As a sole trader, when lodging tax return you also report other income earned during the financial year that was not part of the business income, this may include: Salary earned as an employee, interest income, share and dividends, Cryptocurrency, rental income.

Record all business expenses

Make sure all business expenses are recorded including expenses paid for from personal bank account, PayPal, cash.

Business expenses you can claim as deductions depends on your business structure and nature.

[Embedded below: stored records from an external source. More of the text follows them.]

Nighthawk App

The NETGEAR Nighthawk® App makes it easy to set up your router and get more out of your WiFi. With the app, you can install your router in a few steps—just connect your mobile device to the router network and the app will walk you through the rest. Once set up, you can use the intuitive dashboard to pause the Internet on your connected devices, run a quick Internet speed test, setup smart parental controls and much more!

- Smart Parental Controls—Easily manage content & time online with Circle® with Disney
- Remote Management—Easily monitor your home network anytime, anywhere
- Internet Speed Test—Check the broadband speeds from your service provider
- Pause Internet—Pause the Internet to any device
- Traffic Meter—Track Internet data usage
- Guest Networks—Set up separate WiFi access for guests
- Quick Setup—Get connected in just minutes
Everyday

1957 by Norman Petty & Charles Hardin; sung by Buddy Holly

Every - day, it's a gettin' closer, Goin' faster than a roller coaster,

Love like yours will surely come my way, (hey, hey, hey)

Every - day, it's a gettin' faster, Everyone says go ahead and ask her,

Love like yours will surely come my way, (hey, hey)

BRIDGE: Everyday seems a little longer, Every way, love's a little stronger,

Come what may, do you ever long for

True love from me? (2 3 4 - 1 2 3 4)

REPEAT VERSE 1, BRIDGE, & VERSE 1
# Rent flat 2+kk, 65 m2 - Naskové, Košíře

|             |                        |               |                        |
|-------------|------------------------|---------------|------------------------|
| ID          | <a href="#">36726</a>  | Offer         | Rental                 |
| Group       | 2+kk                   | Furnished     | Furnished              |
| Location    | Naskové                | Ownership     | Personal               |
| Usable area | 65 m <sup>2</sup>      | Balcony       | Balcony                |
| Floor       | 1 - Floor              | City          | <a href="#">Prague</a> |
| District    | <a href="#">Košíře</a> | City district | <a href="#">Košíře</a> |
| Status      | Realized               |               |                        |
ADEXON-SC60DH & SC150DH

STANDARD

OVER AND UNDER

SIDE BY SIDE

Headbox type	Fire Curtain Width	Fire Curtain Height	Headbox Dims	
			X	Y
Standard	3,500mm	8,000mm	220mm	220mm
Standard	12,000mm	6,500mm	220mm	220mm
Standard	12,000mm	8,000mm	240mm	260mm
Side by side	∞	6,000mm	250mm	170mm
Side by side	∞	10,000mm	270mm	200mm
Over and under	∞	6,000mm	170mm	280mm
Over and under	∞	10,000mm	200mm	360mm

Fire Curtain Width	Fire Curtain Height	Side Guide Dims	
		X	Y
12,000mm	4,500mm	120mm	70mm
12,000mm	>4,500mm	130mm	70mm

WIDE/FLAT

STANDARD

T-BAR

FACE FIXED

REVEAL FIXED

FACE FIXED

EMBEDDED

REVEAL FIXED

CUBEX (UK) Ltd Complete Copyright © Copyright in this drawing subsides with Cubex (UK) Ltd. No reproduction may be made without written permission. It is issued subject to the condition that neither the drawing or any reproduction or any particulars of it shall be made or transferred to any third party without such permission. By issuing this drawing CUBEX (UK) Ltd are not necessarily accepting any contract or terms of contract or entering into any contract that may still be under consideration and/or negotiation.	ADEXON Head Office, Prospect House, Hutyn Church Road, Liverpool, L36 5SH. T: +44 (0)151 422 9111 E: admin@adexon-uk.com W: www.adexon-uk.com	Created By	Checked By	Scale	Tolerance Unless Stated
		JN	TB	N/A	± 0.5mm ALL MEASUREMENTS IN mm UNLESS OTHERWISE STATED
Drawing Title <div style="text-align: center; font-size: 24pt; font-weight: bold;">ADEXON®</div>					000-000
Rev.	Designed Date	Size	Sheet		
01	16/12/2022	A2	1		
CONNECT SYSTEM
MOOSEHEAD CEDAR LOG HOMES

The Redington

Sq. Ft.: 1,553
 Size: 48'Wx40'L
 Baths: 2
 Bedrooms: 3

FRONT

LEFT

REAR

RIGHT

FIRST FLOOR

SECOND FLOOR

List of potential deductible business expenses

Here are some examples for potential deductible business expenses:

  • Accounting fees (tax agent, accountant, and bookkeeper fees, accounting software subscription fees)
  • Advertising and marketing
  • Bank fees and charges
  • Computer / laptop (business portion only, to be depreciated over the item useful life)
  • costs for running a website
  • Education and technical or professional qualification related directly to earning an income
  • Equipment
  • Gifts and donations to organisations that have a deductible gift recipient status
  • Home office (occupancy method / working from home fixed rate method)
  • Insurance premiums
  • Internet & phone service provider fees (business portion only)
  • legal expenses
  • Motor vehicle (Logbook method / cents per km method)
  • Office expenses including stationery
  • Parking fees (but not parking fines)
  • Purchases of trading stock, including delivery charges
  • Subscription costs for business or professional journals, information services, newspapers and magazines
  • Subscription fees to trade, business or professional associations

3 Golden rules to claiming business expenses

  • You must have spent the money yourself (and not being reimbursed)
  • The expense must be directly related to earning your income
  • You must have a record to prove the purchase

What records you need to keep for deductible business expenses​

It is important to keep all invoices / receipts for expenses you wish to claim as a business deduction.

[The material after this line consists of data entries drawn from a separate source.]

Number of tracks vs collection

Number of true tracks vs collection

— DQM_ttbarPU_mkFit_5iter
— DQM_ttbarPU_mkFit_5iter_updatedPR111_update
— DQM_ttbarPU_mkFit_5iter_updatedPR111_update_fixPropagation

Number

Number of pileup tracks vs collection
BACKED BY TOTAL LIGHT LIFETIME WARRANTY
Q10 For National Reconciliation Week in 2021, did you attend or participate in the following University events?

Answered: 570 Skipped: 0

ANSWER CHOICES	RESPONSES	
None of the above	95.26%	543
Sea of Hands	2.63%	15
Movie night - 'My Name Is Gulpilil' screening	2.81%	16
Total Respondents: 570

  • Records are to be kept for 5 years from lodging tax return.
  • Records must be in English.
  • Hard copy or electronic copy are acceptable.

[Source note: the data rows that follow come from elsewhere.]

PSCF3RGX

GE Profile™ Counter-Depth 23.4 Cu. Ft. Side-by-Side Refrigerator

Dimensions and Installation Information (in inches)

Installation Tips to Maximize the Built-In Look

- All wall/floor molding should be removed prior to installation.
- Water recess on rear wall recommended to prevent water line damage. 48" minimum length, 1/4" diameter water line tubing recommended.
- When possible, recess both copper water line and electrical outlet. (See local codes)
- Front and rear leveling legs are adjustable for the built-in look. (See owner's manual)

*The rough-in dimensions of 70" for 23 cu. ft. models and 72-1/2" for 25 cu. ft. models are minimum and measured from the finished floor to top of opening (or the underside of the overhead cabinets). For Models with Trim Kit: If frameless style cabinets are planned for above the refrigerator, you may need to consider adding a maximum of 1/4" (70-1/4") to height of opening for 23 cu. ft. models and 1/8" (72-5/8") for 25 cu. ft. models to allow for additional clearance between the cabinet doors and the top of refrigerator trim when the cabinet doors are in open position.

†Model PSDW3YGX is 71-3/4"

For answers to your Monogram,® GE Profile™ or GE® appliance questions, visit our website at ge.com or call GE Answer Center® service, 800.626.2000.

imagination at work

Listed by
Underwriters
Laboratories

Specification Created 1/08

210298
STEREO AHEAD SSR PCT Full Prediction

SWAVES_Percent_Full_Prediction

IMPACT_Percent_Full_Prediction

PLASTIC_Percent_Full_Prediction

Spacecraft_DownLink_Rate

Personal super contribution

As a sole trader you can make personal superannuation contribution to be claimed as tax deductions.

  • From 1st July 2021, the super contribution cap is $27,500 for all individuals (this includes both personal contribution and superannuation paid by employers)
  • Check with your super fund the last day to receive personal super contribution
  • Make the payment
  • Submit ‘Notice of intent to claim a tax deduction for personal super contributions’ form to your super fund
  • The super fund will send you confirmation for the personal contribution. This letter should be kept as evidence.

Gifts and donations

There is now better time to help a good cause while making a tax-deductible donation.

  • The recipient of the donations must be registered as deductible gift recipient (DGR)
  • You have not received anything in return. For example, purchase of home lottery ticket is not tax deductible.
  • Donations needs to be over $2
  • Keep tax invoice / receipt

Assets and Inventory Records

Your tax agent will require a list of all the business assets and inventory to calculate assets depreciation and prepare your tax return.

  • Have a look at your assets list to make sure all business assets are registered. This includes purchase date and amount.
    If you are using an accounting software, this information can be found in the balance sheet.
  • Make a stocktake to check your inventory is up to date.


In summary

All the above will help you get your business financial records in order when preparing your tax return.

Your tax agent is the professional provider who can advise you on all matters relating to your tax return.
These are all good practices when running a business and will help you save time and money in the long run.